Why It Matters: Centralized gateways (a single VM or appliance routing between VNets) create performance bottlenecks and single points of failure. BGP-EVPN's anycast gateway model places a copy of the default gateway MAC/IP on every hypervisor node—VMs route locally without tromboning traffic through a central device. This architecture scales linearly with node count and eliminates inter-VNET routing as a bottleneck, critical for east-west traffic-heavy microservices architectures.


Example 46: Configure a Fabric for SDN (New in PVE 9.0)

SDN Fabrics define the physical underlay network topology (spine-leaf) using OpenFabric or OSPF. Fabrics automate BGP-EVPN peering configuration based on physical topology.

Code:

# Create an OpenFabric underlay fabric (spine-leaf topology)
pvesh create /cluster/sdn/controllers \
  --controller fabric-01 \
  --type openfabric \
  --fabric-id 1 \
  --loopback 10.255.0.0/24
# => OpenFabric controller 'fabric-01' created
# => fabric-id: identifies this fabric (1-65535)
# => loopback: IP range for fabric loopback addresses (one per node)
 
# Add nodes to the fabric with their roles
pvesh create /cluster/sdn/controllers/fabric-01/nodes \
  --node pve01 \
  --role spine \
  --loopback 10.255.0.1
# => pve01 configured as spine node with loopback 10.255.0.1
 
pvesh create /cluster/sdn/controllers/fabric-01/nodes \
  --node pve02 \
  --role leaf \
  --loopback 10.255.0.2 \
  --uplink-interface eno2
# => pve02 configured as leaf node; uplink to spine via eno2
 
pvesh create /cluster/sdn/controllers/fabric-01/nodes \
  --node pve03 \
  --role leaf \
  --loopback 10.255.0.3 \
  --uplink-interface eno2
# => pve03 configured as leaf node; uplink to spine via eno2
 
pvesh set /cluster/sdn
# => Fabric configuration applied; OpenFabric routing sessions initializing
 
# Verify fabric routing sessions
vtysh -c "show openfabric summary"
# => OpenFabric Routing Process summary
# =>   Area: backbone
# =>   Node-Type: L1L2
# =>   Neighbors (ipv4): pve02, pve03  (spine sees both leaf nodes)

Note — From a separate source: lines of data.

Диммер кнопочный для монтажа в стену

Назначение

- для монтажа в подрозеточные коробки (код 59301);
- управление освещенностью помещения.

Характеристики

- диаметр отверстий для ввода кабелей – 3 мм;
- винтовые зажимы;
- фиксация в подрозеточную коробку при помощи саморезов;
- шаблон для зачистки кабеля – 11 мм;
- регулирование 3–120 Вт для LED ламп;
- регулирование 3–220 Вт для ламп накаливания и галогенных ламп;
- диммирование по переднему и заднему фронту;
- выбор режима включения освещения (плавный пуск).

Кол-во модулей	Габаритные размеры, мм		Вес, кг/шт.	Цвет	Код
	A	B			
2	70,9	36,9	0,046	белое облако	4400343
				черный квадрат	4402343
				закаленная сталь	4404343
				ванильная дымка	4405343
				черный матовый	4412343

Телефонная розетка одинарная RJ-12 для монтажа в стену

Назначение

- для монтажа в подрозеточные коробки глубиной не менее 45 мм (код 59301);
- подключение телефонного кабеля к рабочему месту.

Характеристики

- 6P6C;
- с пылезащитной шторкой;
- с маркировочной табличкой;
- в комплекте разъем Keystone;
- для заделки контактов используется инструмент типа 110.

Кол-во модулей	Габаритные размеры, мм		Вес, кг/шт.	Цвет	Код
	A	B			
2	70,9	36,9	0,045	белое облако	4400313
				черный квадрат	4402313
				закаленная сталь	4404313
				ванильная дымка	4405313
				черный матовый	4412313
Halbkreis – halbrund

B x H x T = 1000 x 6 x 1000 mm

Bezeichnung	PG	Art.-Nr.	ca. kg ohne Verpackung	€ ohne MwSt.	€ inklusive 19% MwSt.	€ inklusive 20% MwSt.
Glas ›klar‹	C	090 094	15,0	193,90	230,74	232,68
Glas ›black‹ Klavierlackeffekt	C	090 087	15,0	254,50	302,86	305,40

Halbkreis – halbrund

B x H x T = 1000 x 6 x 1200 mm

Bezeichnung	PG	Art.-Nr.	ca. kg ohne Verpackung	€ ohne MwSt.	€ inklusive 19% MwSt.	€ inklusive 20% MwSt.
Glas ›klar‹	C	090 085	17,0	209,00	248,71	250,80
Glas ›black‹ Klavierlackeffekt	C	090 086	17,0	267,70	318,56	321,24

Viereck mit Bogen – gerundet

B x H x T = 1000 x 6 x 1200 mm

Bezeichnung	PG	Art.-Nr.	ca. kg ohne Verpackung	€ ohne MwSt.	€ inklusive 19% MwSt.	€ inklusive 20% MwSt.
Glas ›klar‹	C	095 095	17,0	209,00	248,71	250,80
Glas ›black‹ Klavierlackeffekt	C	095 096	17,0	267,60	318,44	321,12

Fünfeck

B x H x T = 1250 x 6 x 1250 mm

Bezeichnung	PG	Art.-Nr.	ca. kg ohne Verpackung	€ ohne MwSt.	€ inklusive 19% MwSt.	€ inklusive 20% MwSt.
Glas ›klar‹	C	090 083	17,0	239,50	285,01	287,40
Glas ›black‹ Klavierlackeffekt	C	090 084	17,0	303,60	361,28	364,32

Key Takeaway: SDN Fabrics (new in PVE 9.0) automate underlay network configuration for spine-leaf topologies, replacing manual FRRouting configuration files with declarative SDN API calls.

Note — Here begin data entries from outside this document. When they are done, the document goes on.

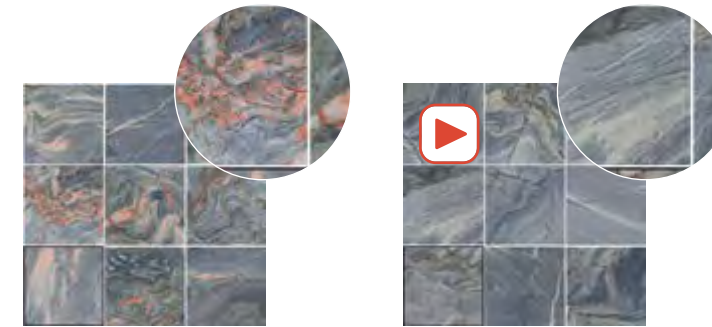

Deep Blue

Inspiration · Inspiración

Marble · Mármol

Sizes · Formatos

15x15 cm · 6"x6"

DEEP BLUE PINK
15X15 / 6"X6" R59/M

DEEP BLUE OXID
15X15 / 6"X6" R59/M

DEEP BLUE PINK 15X15. ARGILLAE NEVE RECT. 120X120. ARGILLAE GOBI RECT. 120X120. MURUS TERRA 7X28. MURUS NIX 7X28.
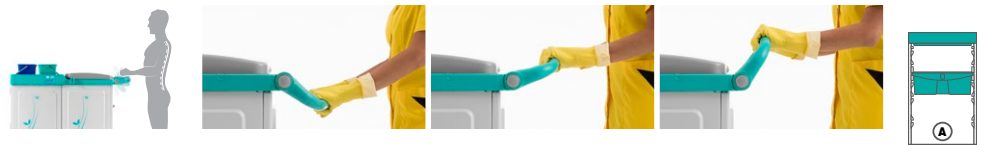

## Magic System 720E

Carrello chiuso a 3 reparti: raccolta 150 L, stoccaggio con cassetto e lavaggio preimpregnazione

⚠ Sacco non in dotazione - ⚠ Possibilità di applicare un set pedale

### Distinta commerciale

cod.	descrizione	qtà
00003360	Secchio rettangolare con manico, 4 L, giallo	1 pz.
00003361	Secchio rettangolare con manico, 4 L, rosso	1 pz.
00003362	Secchio rettangolare con manico, 4 L, blu	1 pz.
00003363	Secchio rettangolare con manico, 4 L, verde	1 pz.
00003372	Coperchio trasparente con cerniera per secchi 4 L (cod. 00003361 e varianti)	4 pz.
0B003215	Secchio Hermetic con coperchio e manico, 20 L, blu	1 pz.
0R003215	Secchio Hermetic con coperchio e manico, 20 L, rosso	1 pz.
R590719	Adattatore per suddividere portasacco 150 L in 2x75, 3x50 o 50+100 L	1 pz.
R590790	Coperchio per portasacco 150 L con tabella porta-note trasparente, grigio	1 pz.
S060110	Set etichette adesive per secchi	1 pz.
T09070410	Base Magic grande, 91x52 cm, con ruote ø 125 mm	1 pz.
T090715	Portasacco 150 L con attacco maschio completo di Shhut System, 2 ganci portamanico con barre porta-segnaie, viti e tappi	1 pz.
T090730	Vaschetta laterale, 54x26,5x12 cm	1 pz.
T090736	Vaschetta centrale con tappi ed etichette, attacco femmina/femmina, 48,5x31,5x11 cm	1 pz.
T090739	Profilo di chiusura per vaschetta centrale, con viti e tappi	1 pz.
T090781	Cassetto 22 L senza serratura, verde	1 pz.
T090810	Piatto porta-secchio Hermetic o reggi-sacco, 48x22x15 cm	1 pz.
T690751	Montante asimmetrico ganci-corsie completo di viti	2 pz.
T690773V	Parete laterale fissa decorata con grafiche verdi, completa di viti e tappi	3 pz.
T690774G	Porta chiusura portasacco decorata con grafiche verdi, completa di viti e tappi	1 pz.
T690775G	Porta chiusura laterale decorata con grafiche, con apertura a destra, completa di viti e tappi	1 pz.
V050069	Set (6 pz.) di tappi a "T" per chiusura montante asimmetrico, grigio chiaro	2 pz.

Why It Matters: Spine-leaf is the modern data center network architecture used by hyperscalers (Google, Amazon, Facebook) for consistent, scalable L3 connectivity. Proxmox SDN Fabrics bring this architecture within reach of smaller deployments by automating the FRRouting configuration that previously required dedicated network engineering expertise. Teams building dedicated Proxmox clusters for private cloud workloads use Fabric SDN to match the network architecture of the public clouds they are replacing, enabling consistent operational runbooks across hybrid environments.

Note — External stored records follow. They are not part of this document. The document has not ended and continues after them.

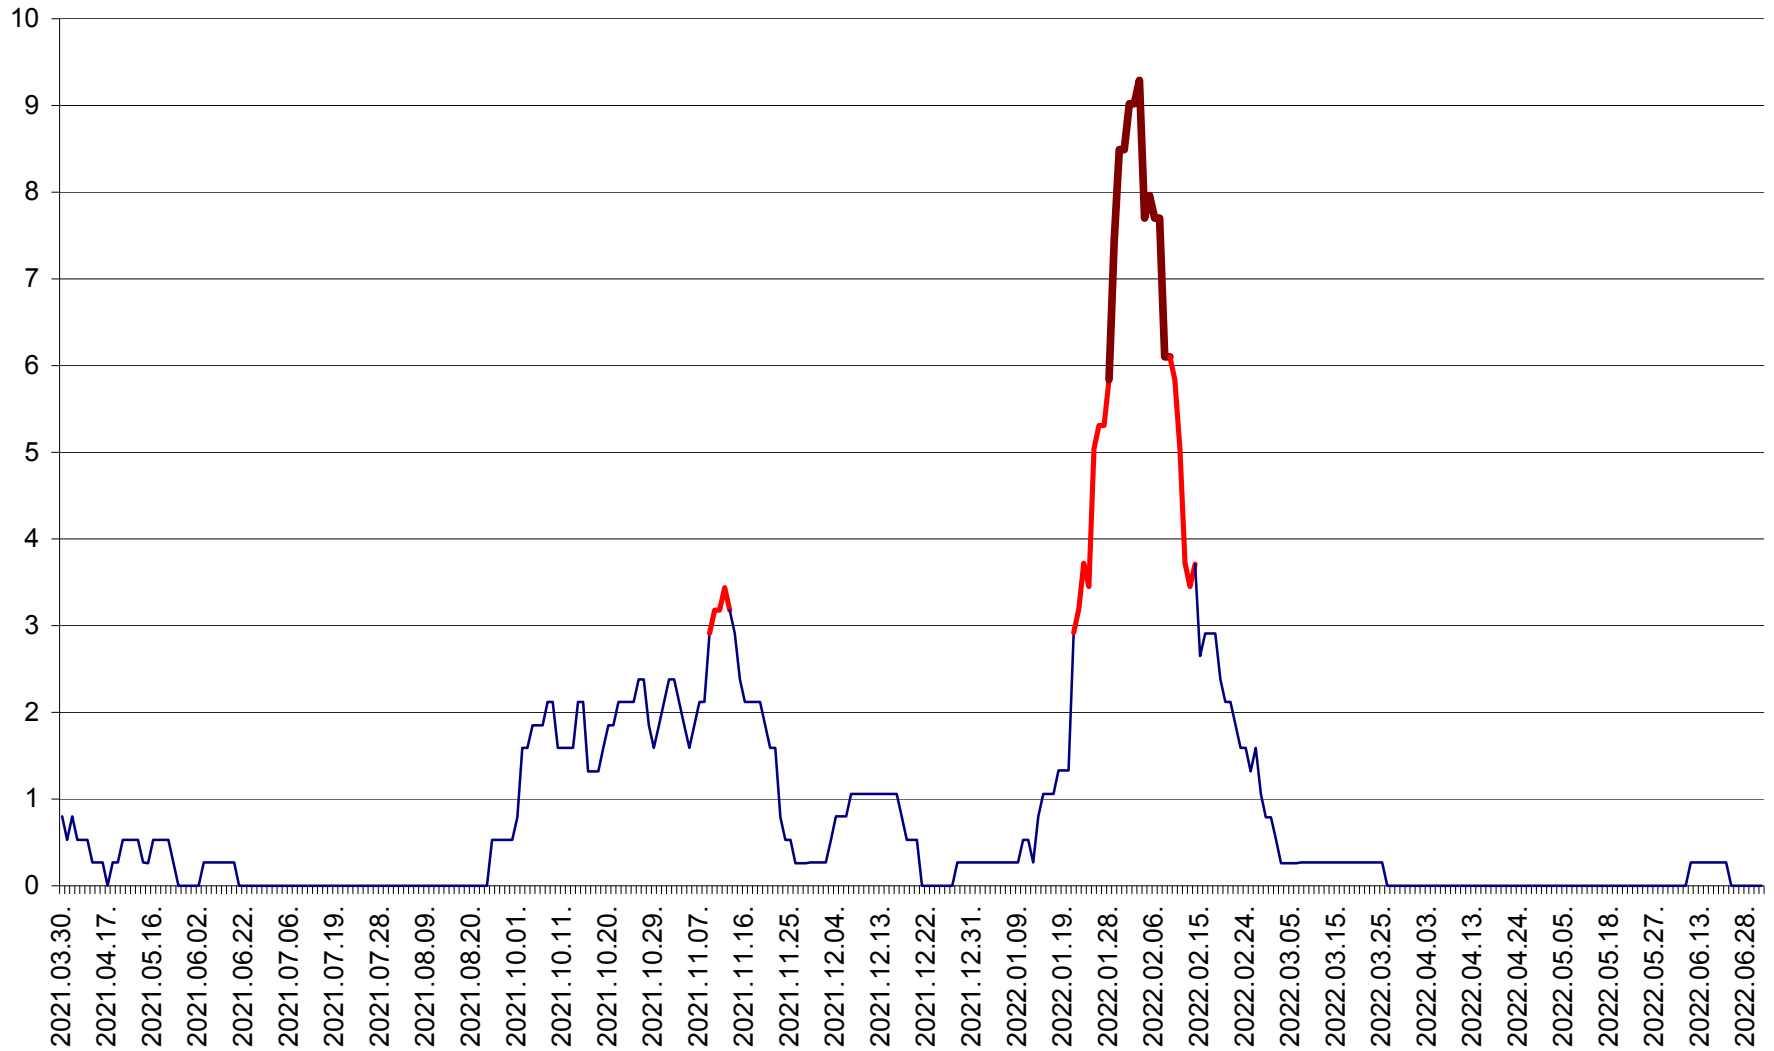

ORAȘ CRISTURU SECUIESC - Evolutia incidentei cumulate pe 14 zile la ‰ de locuitori
2021.04.01. - 2022.07.03.

DĂNEȘTI - Evolutia incidentei cumulate pe 14 zile la ‰ de locuitori
2021.04.01. - 2022.07.03.

DÂRJIU - Evolutia incidentei cumulate pe 14 zile la ‰ de locuitori
2021.04.01. - 2022.07.03.

DEALU - Evolutia incidentei cumulate pe 14 zile la ‰ de locuitori
2021.04.01. - 2022.07.03.

DITRĂU - Evolutia incidentei cumulate pe 14 zile la ‰ de locuitori
2021.04.01. - 2022.07.03.

FELICENI - Evolutia incidentei cumulate pe 14 zile la % de locuitori
2021.04.01. - 2022.07.03.

FRUMOASA - Evolutia incidentei cumulate pe 14 zile la ‰ de locuitori
2021.04.01. - 2022.07.03.

GĂLĂUȚAȘ - Evoluția incidenței cumulate pe 14 zile la ‰ de locuitori
2021.04.01. - 2022.07.03.
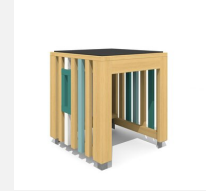

Cooler Spiel- und Sitzfläche. DAS ORIGINAL in attraktivem Design und vielseitiger Nutzung. Durch individuelle Kombinationsmöglichkeiten gestalten Sie Ihre eigene Spiel- und Sitzlandschaft. In unbehandeltem Schweizer Douglasienholz, mit verzinkten Stahlkonsolen im Bodenbereich, Oberfläche mit Naturöl lasiert, Farben nach Auswahl.

natur

lasur

Création HINNEN

Artikelnummer BX.010.M25.L
Artikelname bimbox Spielpodest M25 - lasiert

Spielalter 2+
Fallhöhe 25 cm
Platzbedarf 460 x 460 cm
Fallschutz Minimum Rasen
Fallschutzfläche 21 m²
Gerätemasse 160 x 160 x 25 cm
Fundamente 4 stk
Beton Total 0.55 m³
Schwerstes Teil 135 kg
Anzahl Monteure 1
Montagezeit Total 1 h
Ersatzteilgarantie Lebenslang
Spezielles Auf Rasen aufstellbar

Andere Produkte dieser Gruppe

BX.010.M2
bimbox Spielwürfel
MINH

BX.010.M2.L
bimbox Spielwürfel
MINH - lasiert

BX.010.M25
bimbox Spielpodest M25

BX.010.M3
bimbox Spielwürfel MINH mit
Kriechröhre

BX.010.M3.L
bimbox Spielwürfel MINH
mit Kriechröhre - lasiert

BX.010.S1
Bimbox Mini
Spielwürfel HO

BX.010.S1.L
bimbox Mini
Spielwürfel HO -

BX.010.S2
bimbox Mini
Spielwürfel CHI

BX.010.S2.L
bimbox Mini
Spielwürfel CHI -

BX.010.S25
bimbox Spielpodest S25

BX.010.S25.L
bimbox Spielpodest S25 - lasiert

Example 47: Configure Distributed Firewall with Security Groups

SDN-integrated firewall security groups apply consistent rules across VMs on the same VNet, with IP sets providing reusable host group definitions.

Code:

# Create an IP set for application servers
pvesh create /cluster/firewall/ipset \
  --name app-servers \
  --comment "Application server IP addresses"
 
pvesh create /cluster/firewall/ipset/app-servers --cidr 10.100.0.10
pvesh create /cluster/firewall/ipset/app-servers --cidr 10.100.0.11
pvesh create /cluster/firewall/ipset/app-servers --cidr 10.100.0.12
# => Three app server IPs added to set 'app-servers'
 
# Create a security group (reusable rule set)
pvesh create /cluster/firewall/groups \
  --group web-tier \
  --comment "Rules for public web tier VMs"
# => Security group 'web-tier' created
 
pvesh create /cluster/firewall/groups/web-tier \
  --type in --action ACCEPT --proto tcp --dport 80 --comment "Allow HTTP"
pvesh create /cluster/firewall/groups/web-tier \
  --type in --action ACCEPT --proto tcp --dport 443 --comment "Allow HTTPS"
pvesh create /cluster/firewall/groups/web-tier \
  --type in --action ACCEPT --proto tcp --dport 22 \
  --source '+management-nets' --comment "SSH from management only"
pvesh create /cluster/firewall/groups/web-tier \
  --type in --action DROP --comment "Default deny all other inbound"
# => Four rules added to security group 'web-tier'
 
# Apply security group to a VM (replaces per-VM rule management)
pvesh create /nodes/pve01/qemu/100/firewall/rules \
  --type group \
  --action web-tier \
  --comment "Apply web-tier security group"
# => VM 100 now uses all rules from 'web-tier' security group
# => Updating 'web-tier' rules automatically applies to all VMs using the group
 
# Create alias for cleaner rule definitions
pvesh create /cluster/firewall/aliases \
  --name db-cluster \
  --cidr 10.200.0.0/24 \
  --comment "Database cluster subnet"
# => Alias 'db-cluster' created; use in rules as source/dest

Key Takeaway: Security groups apply consistent firewall rules across multiple VMs—updating one security group propagates changes to all VMs using it immediately, eliminating per-VM rule management.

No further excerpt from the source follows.